*WORK ITEM*:
Exactly what is written in the records below should be returned, minus the images.

*RECORDS SUPPLIED*:
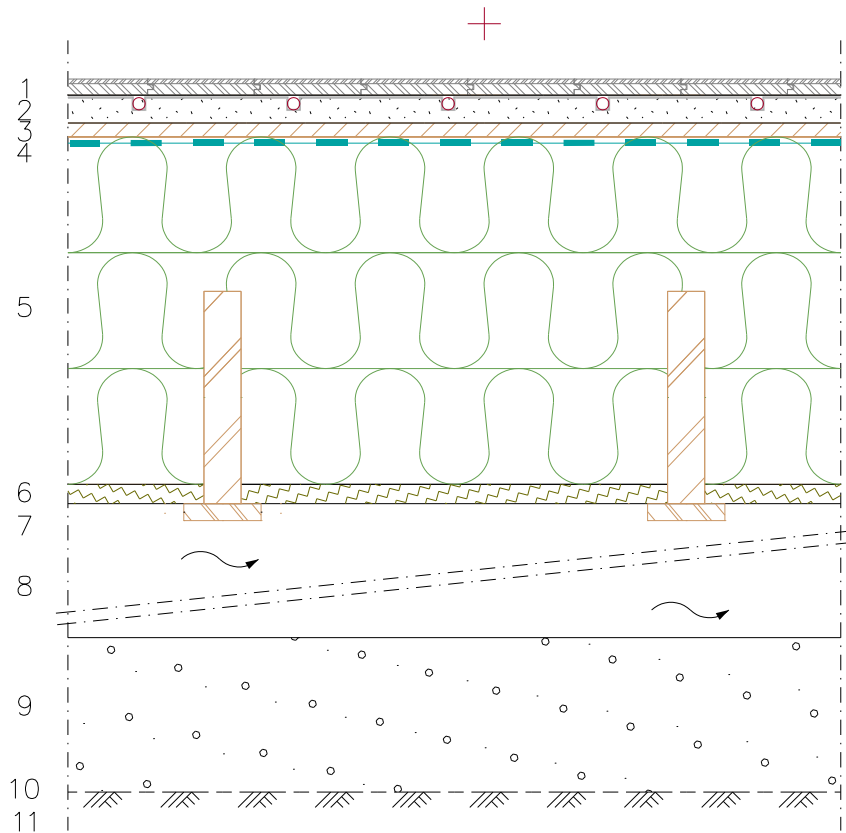

Nimi

Alapohja lattialämmityksellinen puurakenteinen  
ulkoilmaan rajoittuva.

Mittakaava

1:10

Lisötiedot

AP 2

- 1 Parketti/Lattialauta
- 2 Silencio Thermo 24/36 mm lattialämmityslevy
- 3 Rakennuslevy pontattu min. 18 mm
- 4 INTELLO höyrynsulkukangas/Ilmansulkupaperi
- 5 450 mm puukuituinen Hunton Nativo levy/puhalluseriste ja lattiakannattajat suunnitelmien mukaan
- 6 18 mm Hunton alapohjalevy/25 mm Hunton tuulensuojalevy
- 7 Lauta mn 22x100 mm
- 8 Tuuletettu ryömintätila
- 9 Kapillaarikatko/lämmöneriste, esim. kevytsora
- 10 Suodatinkangas (> 120 g/m<sup>2</sup>, KL II)
- 11 Perusmaa, kaivurajojen kallistus salaojiin 1:100

U-arvo: 0,09 W/m<sup>2</sup> K
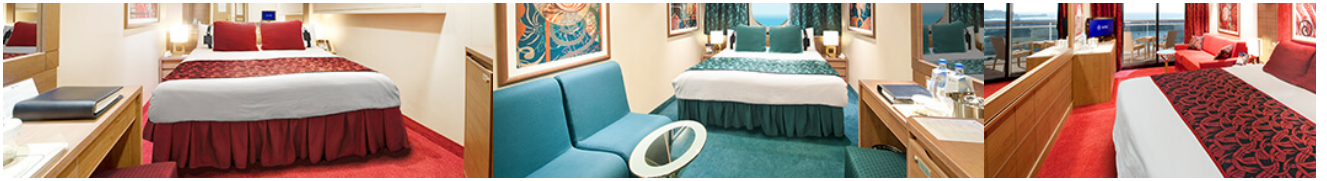

ГАСТРОНОМИЯ

MSC Magnifica разполага с два основни ресторанта - L'Edera и Quattro Venti. Всеки от двата предлага висококачествена селекция от ястия, богат избор на италиански специалитети и свежи плодове. Всички продукти са пресни и внимателно подбрани, а хлебните изделия се приготвят на борда. Ястията варират от традиционна средиземноморска кухня до екзотични интернационални рецепти. За по-нетърпеливите бюфетът Sahara предлага възможност за бързо хапване.

Специализирани ресторанти (срещу допълнително заплащане):

★ Oriental Plaza

Този азиатски ресторант предлага автентични японски, китайски и тайландски ястия в неформална обстановка.

- Места: 54
- Предлага се на: MSC Magnifica
- Храна: Азиатска кухня
- Цена: 41.07 лв./ 21 евро на човек

БАРОВЕ И ЗАВЕДЕНИЯ

На борда на MSC Magnifica гостите могат да избират между 17 бара и специализирани ресторанта решени в различни теми. Забележителна селекция от вина и ястия ще задоволят дори най-капризните вкусове на пасажерите.

УСЛУГИ НА БОРДА

MSC Cruises са безкомпромисни по отношение на качеството и това личи и по възможностите за забавления на борда на Magnifica. Вълнуващи шоупрограми в 1240-местния Royal Theatre всяка вечер забавляват гостите. Във футуристичния T32 Disco Club се случват незабравими партита, а казиното Atlantic City и неговите 600 кв. м. предлага изобилие от хазартни игри, видео игри и музика.
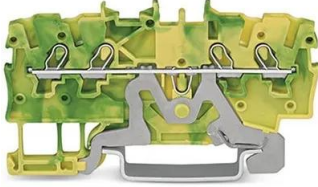

Industrial Automation Products & Solutions

WAGO2000-1407 TOPJOB S Series DIN Rail Terminal Block, 1mm², 1-Level, Push-In Cage Clamp Termination, ATEX, EAC Ex,

ผู้ผลิต : WAGO

รหัสสินค้า : 2000-1407

Specifications

คุณลักษณะ	รายละเอียด
Colour	Green, Yellow
Number of Levels	1
American Wire Gauge	24 - 16AWG
Series	TOPJOB S
Termination Method	Push-In Cage Clamp
Cable CSA	1mm ²
Hazardous Area Certification	ATEX, EAC Ex, IECEx
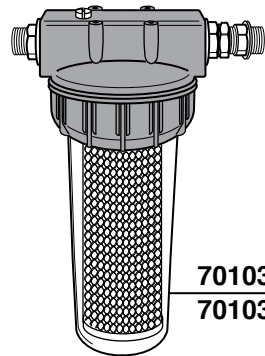

701033 9" 1/2" MM
701032 9" 3/4" MM

CARTUCCIA FILTRANTE
FILTER CARTRIDGE

701022
5"
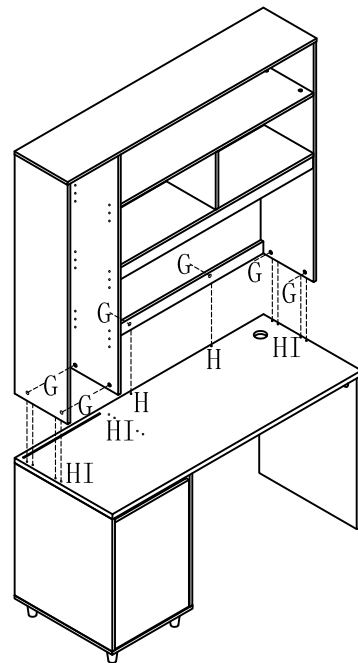

背板扣
Back Plate Buckle-White

(G)*8

(H)*8

(I)*6

9

(M)*12

10

(K)*12

(J)*12

(Q)*4

(R)*4

11

12

注：门板缝隙为设计开启门板使用，小心夹伤
Note: Be careful not to pinch!

JV1V-A 1.4m

安装方法/
Installation method
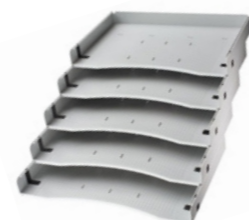

Schrägablagen

5er-Set
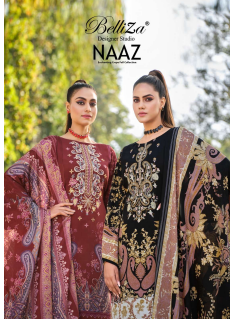

Asliwholesale

TOP FABRIC : CREPE (2.50 MTR)
BOTTOM FABRIC : CREPE (2.00 MTR)
DUPATTA FABRIC : CHINON (3.00 MTR)
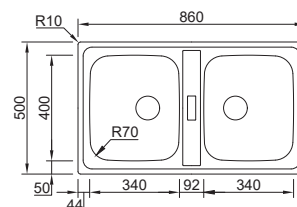

FORNITO CON

Sifone a due vie manuale 0221110 + 02714
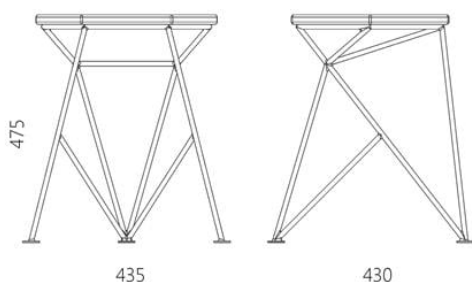

spike

Informazioni sull'imballaggio

Imballaggio in cartone affidabile. Quantità: 1 pezzo. 450x450x500 mm. Peso: 6 kg. Il prodotto è assemblato.
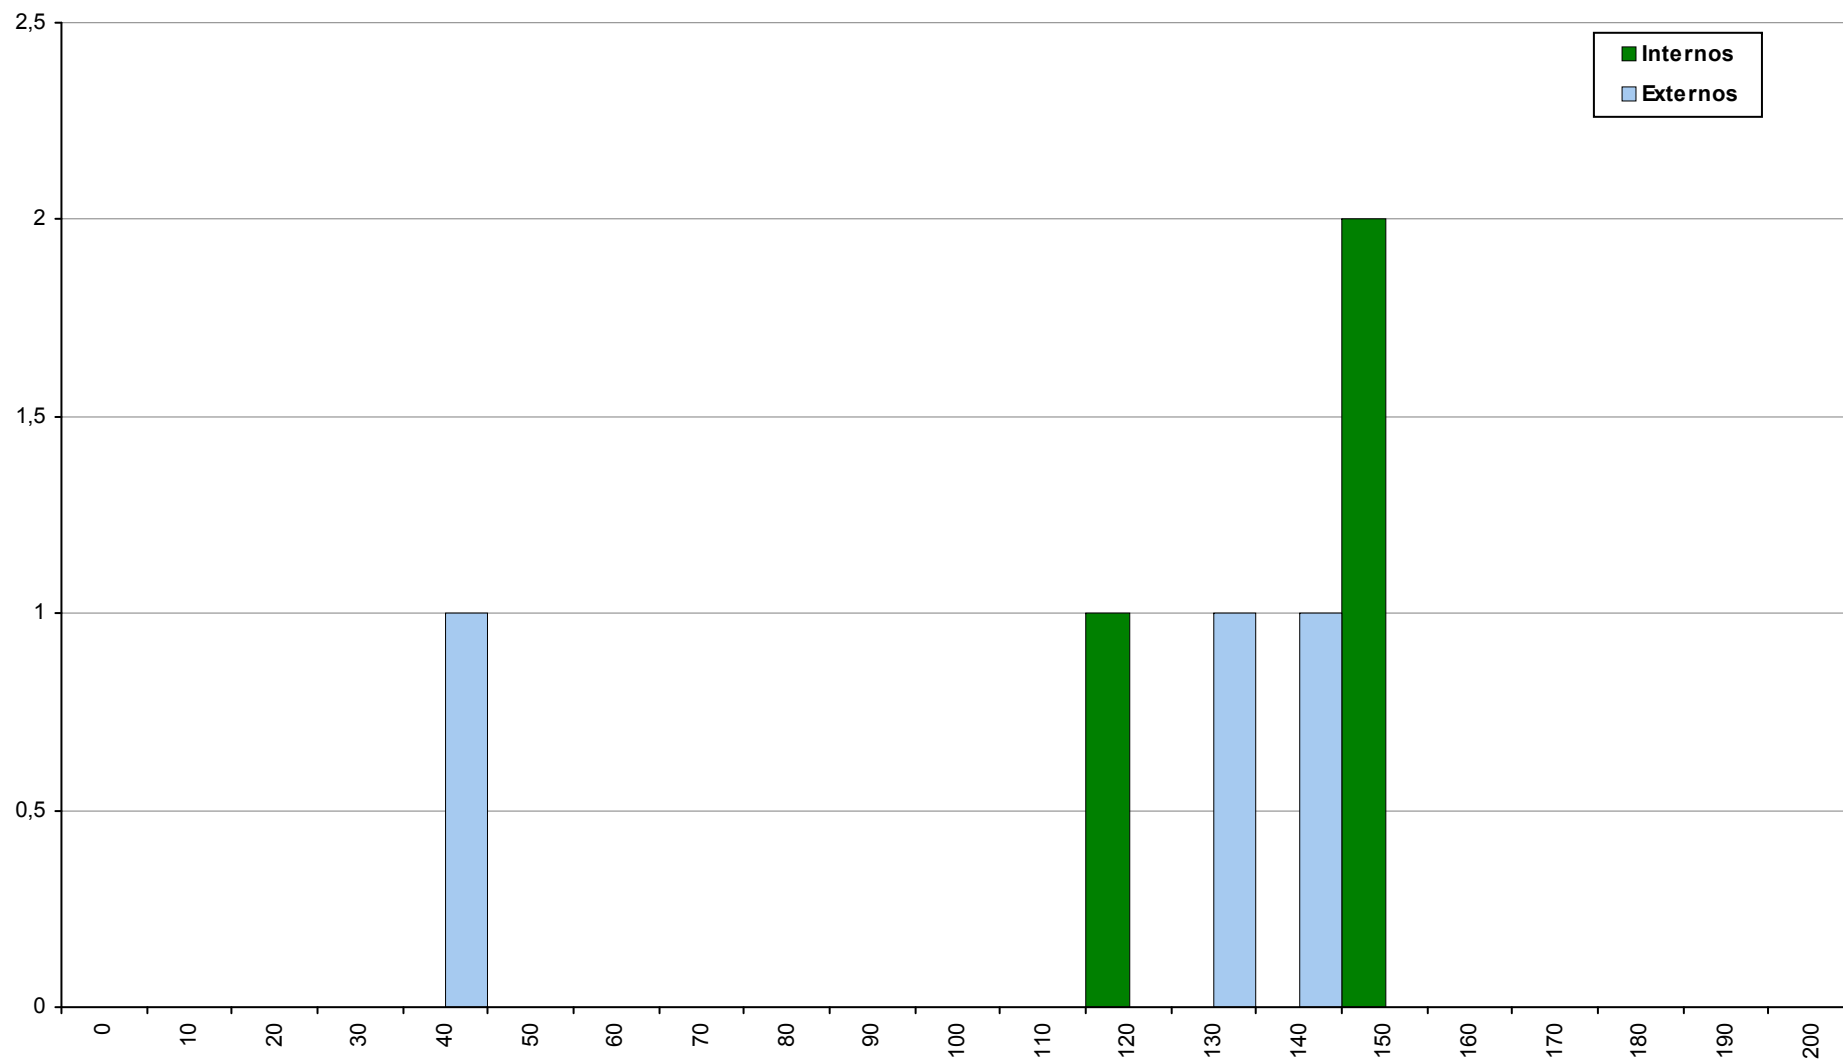

839 PLNM intermédio

2ª Fase

Ano / Fase	Provas	Internos	Média	Externos	Média
2017 / 2ª Fase	6	3	<b>142</b>	3	<b>109</b>
2016 / 2ª Fase	19	15	<b>127</b>	4	<b>115</b>
2015 / 2ª Fase	9	7	<b>119</b>	2	<b>92</b>
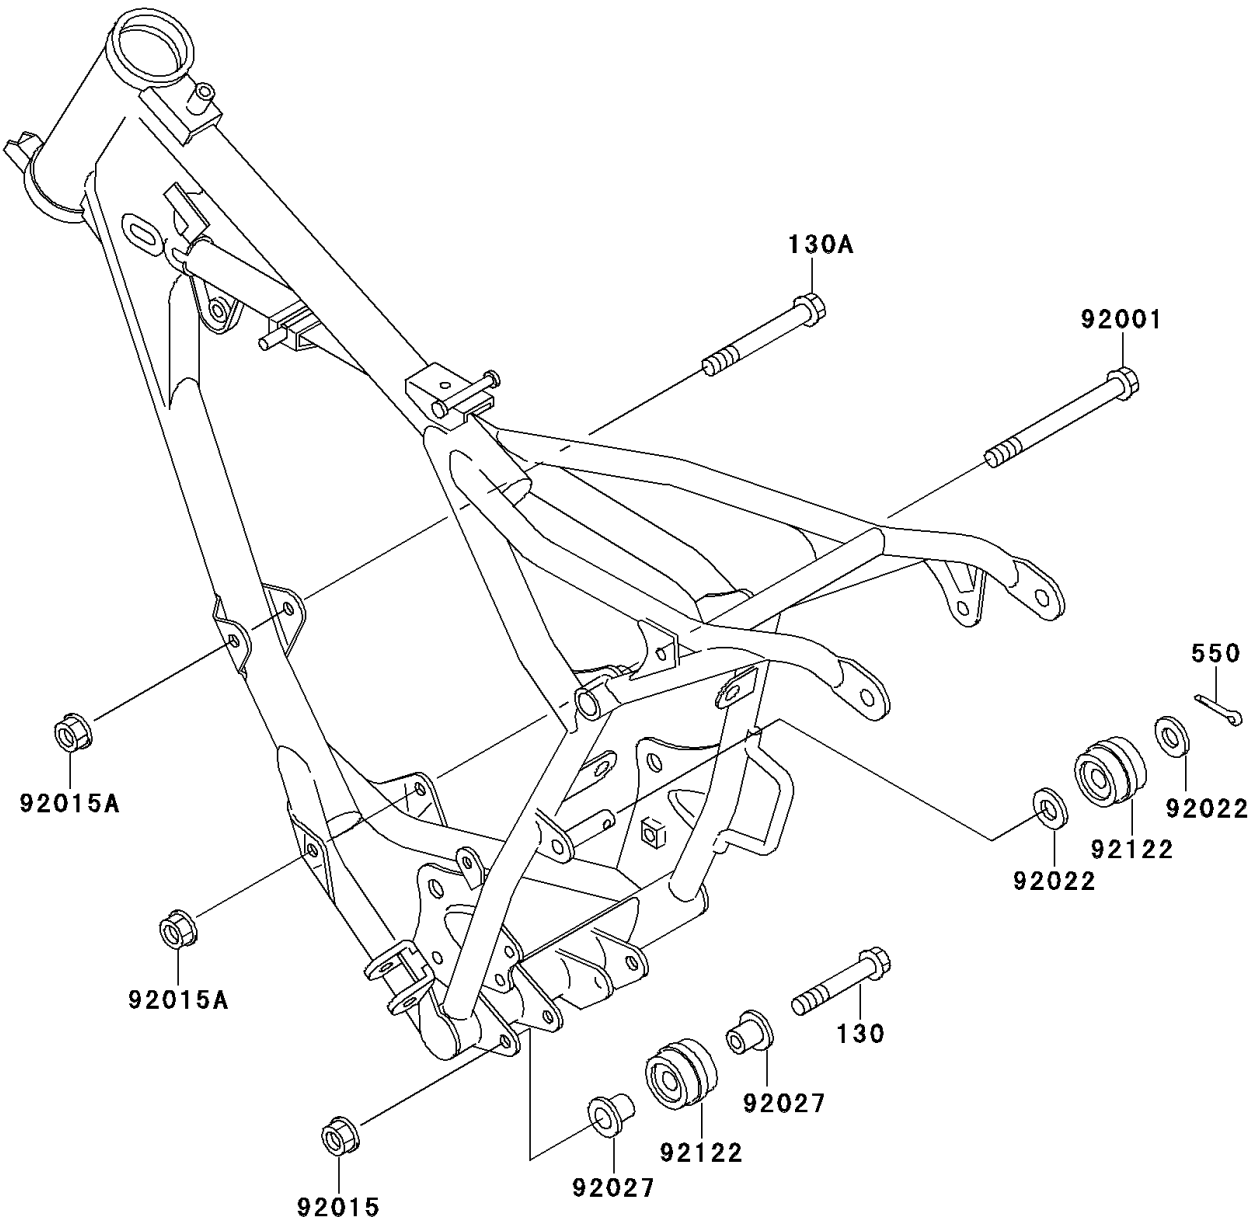

1994 KX60 PARTS DIAGRAM

Frame Fittings

F2131

1994 KX60 PARTS LIST

Frame Fittings

ITEM NAME	PART NUMBER	QUANTITY
BOLT-FLANGED,6X40 (Ref # 130)	130G0640	1
BOLT-FLANGED,8X60 (Ref # 130A)	130G0860	1
PIN-COTTER,2.5X15 (Ref # 550)	550D2515	1
BOLT,8X105 (Ref # 92001)	92001-1367	1
NUT,FLANGED,6MM (Ref # 92015)	92015-1078	1
NUT,8MM (Ref # 92015A)	92015-1143	2
WASHER,10.5X20X1 (Ref # 92022)	92022-239	2
COLLAR (Ref # 92027)	92027-1183	2
ROLLER,CHAIN GUIDE (Ref # 92122)	92122-1030	2

*YOUR SOLUTION*:
Nimi

Alapohja lattialämmityksellinen puurakenteinen  
ulkoilmaan rajoittuva.

Mittakaava

1:10

Lisötiedot

AP 2

- 1 Parketti/Lattialauta
- 2 Silencio Thermo 24/36 mm lattialämmityslevy
- 3 Rakennuslevy pontattu min. 18 mm
- 4 INTELLO höyrynsulkukangas/Ilmansulkupaperi
- 5 450 mm puukuituinen Hunton Nativo levy/puhalluseriste ja lattiakannattajat suunnitelmien mukaan
- 6 18 mm Hunton alapohjalevy/25 mm Hunton tuulensuojalevy
- 7 Lauta mn 22x100 mm
- 8 Tuuletettu ryömintätila
- 9 Kapillaarikatko/lämmöneriste, esim. kevytsora
- 10 Suodatinkangas (> 120 g/m<sup>2</sup>, KL II)
- 11 Perusmaa, kaivurajojen kallistus salaojiin 1:100

U-arvo: 0,09 W/m<sup>2</sup> K

ГАСТРОНОМИЯ

MSC Magnifica разполага с два основни ресторанта - L'Edera и Quattro Venti. Всеки от двата предлага висококачествена селекция от ястия, богат избор на италиански специалитети и свежи плодове. Всички продукти са пресни и внимателно подбрани, а хлебните изделия се приготвят на борда. Ястията варират от традиционна средиземноморска кухня до екзотични интернационални рецепти. За по-нетърпеливите бюфетът Sahara предлага възможност за бързо хапване.

Специализирани ресторанти (срещу допълнително заплащане):

★ Oriental Plaza

Този азиатски ресторант предлага автентични японски, китайски и тайландски ястия в неформална обстановка.

- Места: 54
- Предлага се на: MSC Magnifica
- Храна: Азиатска кухня
- Цена: 41.07 лв./ 21 евро на човек

БАРОВЕ И ЗАВЕДЕНИЯ

На борда на MSC Magnifica гостите могат да избират между 17 бара и специализирани ресторанта решени в различни теми. Забележителна селекция от вина и ястия ще задоволят дори най-капризните вкусове на пасажерите.

УСЛУГИ НА БОРДА

MSC Cruises са безкомпромисни по отношение на качеството и това личи и по възможностите за забавления на борда на Magnifica. Вълнуващи шоупрограми в 1240-местния Royal Theatre всяка вечер забавляват гостите. Във футуристичния T32 Disco Club се случват незабравими партита, а казиното Atlantic City и неговите 600 кв. м. предлага изобилие от хазартни игри, видео игри и музика.

Industrial Automation Products & Solutions

WAGO2000-1407 TOPJOB S Series DIN Rail Terminal Block, 1mm², 1-Level, Push-In Cage Clamp Termination, ATEX, EAC Ex,

ผู้ผลิต : WAGO

รหัสสินค้า : 2000-1407

Specifications

คุณลักษณะ	รายละเอียด
Colour	Green, Yellow
Number of Levels	1
American Wire Gauge	24 - 16AWG
Series	TOPJOB S
Termination Method	Push-In Cage Clamp
Cable CSA	1mm ²
Hazardous Area Certification	ATEX, EAC Ex, IECEx

701033 9" 1/2" MM
701032 9" 3/4" MM

CARTUCCIA FILTRANTE
FILTER CARTRIDGE

701022
5"

背板扣
Back Plate Buckle-White

(G)*8

(H)*8

(I)*6

9

(M)*12

10

(K)*12

(J)*12

(Q)*4

(R)*4

11

12

注：门板缝隙为设计开启门板使用，小心夹伤
Note: Be careful not to pinch!

JV1V-A 1.4m

安装方法/
Installation method

Schrägablagen

5er-Set

Asliwholesale

TOP FABRIC : CREPE (2.50 MTR)
BOTTOM FABRIC : CREPE (2.00 MTR)
DUPATTA FABRIC : CHINON (3.00 MTR)

FORNITO CON

Sifone a due vie manuale 0221110 + 02714

spike

Informazioni sull'imballaggio

Imballaggio in cartone affidabile. Quantità: 1 pezzo. 450x450x500 mm. Peso: 6 kg. Il prodotto è assemblato.

839 PLNM intermédio

2ª Fase

Ano / Fase	Provas	Internos	Média	Externos	Média
2017 / 2ª Fase	6	3	<b>142</b>	3	<b>109</b>
2016 / 2ª Fase	19	15	<b>127</b>	4	<b>115</b>
2015 / 2ª Fase	9	7	<b>119</b>	2	<b>92</b>

1994 KX60 PARTS DIAGRAM

Frame Fittings

F2131

1994 KX60 PARTS LIST

Frame Fittings

ITEM NAME	PART NUMBER	QUANTITY
BOLT-FLANGED,6X40 (Ref # 130)	130G0640	1
BOLT-FLANGED,8X60 (Ref # 130A)	130G0860	1
PIN-COTTER,2.5X15 (Ref # 550)	550D2515	1
BOLT,8X105 (Ref # 92001)	92001-1367	1
NUT,FLANGED,6MM (Ref # 92015)	92015-1078	1
NUT,8MM (Ref # 92015A)	92015-1143	2
WASHER,10.5X20X1 (Ref # 92022)	92022-239	2
COLLAR (Ref # 92027)	92027-1183	2
ROLLER,CHAIN GUIDE (Ref # 92122)	92122-1030	2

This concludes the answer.